As a member of the 2018 graduating class, Karen Benson will be leaving MTHS with a powerful message to students, traveling 3000 miles to the next big step in her life.
Throughout her four years as a Hawk, Benson has been recognized multiple times for her academic excellence and has been very involved in the school through clubs and extracurricular activities.
Benson has been involved in track and field, FRC Robotics, STEM Leadership, American Sign Language (ASL) Honor Society, National Honor Society and IATRIX21.
Along with her extracurriculars, she held many leadership roles. Benson held positions such as treasurer her sophomore year and activities manager junior year in ASL Honor Society. In ASL Honor Society, she helped plan and participated in events including the Deaf Fiesta at Central Washington University and the Deaf Carnival at Seattle Children’s Hospital. These events involved leading games and activities with kids and helping them to translate between English and ASL.
For three years, Benson has also been involved in STEM leadership, where she helped organize and volunteered in outreach events. For example, Benson taught elementary and middle school students how to light LEDs using breadboards in these events.
Being academically driven, she has maintained a 4.0 throughout all of high school and will be graduating as a valedictorian. Throughout her four years at Terrace, she has taken a total of nine AP classes, one Running Start class, five STEM classes and several dual enrollment courses at both Edmonds Community College and Seattle Community College.

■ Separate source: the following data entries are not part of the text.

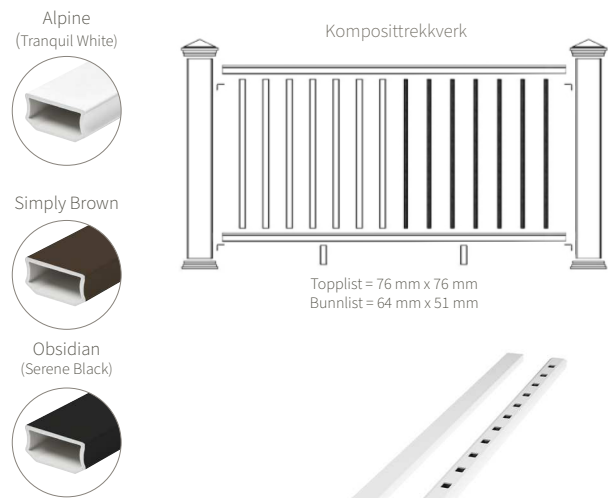

Brio

CitySide

Stolpehatter og -lister er inkludert.

CountrySide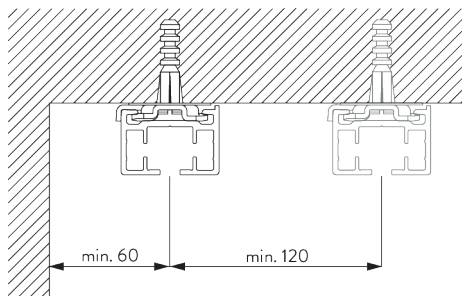

## A. FITTING INFORMATION / 設置範囲情報

### ブラケット類の位置

詳細な設置情報については、当社へお問い合わせください。

日本でご使用の場合は、ブラケット間隔はmax. 500mm以内の位置で取付けてください

**B. CEILING  
FITTING /  
天井設置**

**クランプ - SG 3004**

ご使用環境に合わせた箇所に設置ください

**SG 3004**  
クランプ

**Direct fitting /  
直付け設置**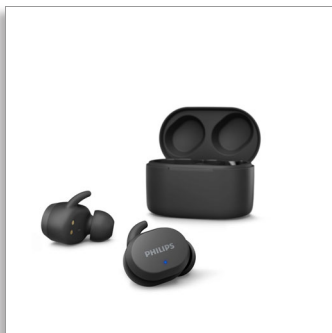

Philips
Patiesi bezvadu ausiņas

Ausīs iegulošas ausiņas
Pārnēsājams uzlādes ietvars
IPX5 aizsardzība pret ūdeni
Līdz 26 stundām ilgs darbības laiks

TAT3216BK

Drošas un ērtas. Skāriena vadītklas.

Sākot ar dalību tālruna zvanu sapulcēs un beidzot ar atskaņošanas sarakstu klausīšanos parkā — šīs bezvadu ausiņas ir domātas jums. Tām nav iebildumu pret lietu vai sviedriem, un jums tiek nodrošināta lieliska skaņa un droša ausiņu turēšanās uz ausīm, kura nekļūs vaļīga. Iegūstiet papildu 24 stundu atskaņošanas laiku, izmantojot uzlādes ietvaru.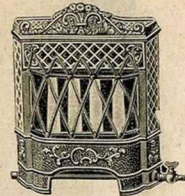

Radiateur à gaz Kern avec
tubes réfractaires, tuyau
d'évaporation. Haut. 0^m49.
Larg. 0^m40. Fonte noire. 61. »
Email noir ou crème. . . . . 76. »
Email céramique vert ou mar-
ron. . . . . 79. »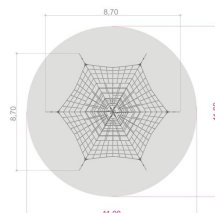

Gigantis Bora Klätterpyramid

Produktnummer 780121

Enhet: st

Dimensioner:

Längd: 870 cm
Bredd: 870 cm
Höjd: 500 cm

Material:

Rep med stålkärna
PE-platta/polyethylene
Rostfritt stål
Pulverlackerat stål
EPDM gummi

Varumärkningar:

Producerad i EU

Fallutrymme:

Längd: 1100 cm
Bredd: 1100 cm

Fri fallhöjd:

160 cm

Kräver fallunderlag:

Ja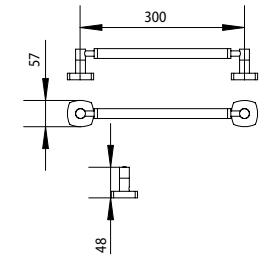

10 € 91,00 ■ box = 25 pz

30A004

30A006

30A005

30A007

30A008

30A011

Portasapone.
Soap dish.
Porte savon.
Seifenhalter.
Jabonera.

“I am most proud that I have handled these rigorous classes, keeping my grades up, running in my free time, volunteering at organizations outside of school such as the Deaf Fiesta, the Deaf Carnival, and Food Lifeline and working part time all four years of high school,” Benson said, adding that she’ll be running in her first half marathon June 12.
She will be attending Wellesley College in Massachusetts in the fall, where she has received more than $250,000 in scholarships. There, Benson will be pursuing a degree in biochemistry and hopes to attend graduate school, focusing on a degree in genetics.
Benson feels that if there was a legacy she is leaving behind, it would be her dedication to school work. As Benson grew up, she was surrounded by poverty and addiction and with this, there were no high expectations of her or pressure for her to go above and beyond in school.
“From a young age I knew I wanted to achieve academic success. I’ve worked hard throughout my years in school and it has got me here, planning on attending Wellesley College, my dream school.” Benson said.
With Benson’s hard work, she is attending Wellesley College with a $251,000 scholarship. Another part of the legacy she hopes to leave behind at MTHS is that “all students of different backgrounds can be successful in high school and beyond.”
At this point of Benson’s high school career, she is not nervous but as she looks back on her freshman year, it was the exact opposite. Benson would’ve never dared to go to a college more than an hour away from home as a freshman. This fall, she is headed to a school 3,000 miles away.
“Yet somehow as I’m approaching the end of high school and the beginning of this new stage in my life, I feel more excitement than fear,” Benson said. “I know this will hold big things for me and I can’t wait to obtain them all.”
If she could go back and tell her freshman self something, she would say, “I wish I could have told myself to take life less seriously.”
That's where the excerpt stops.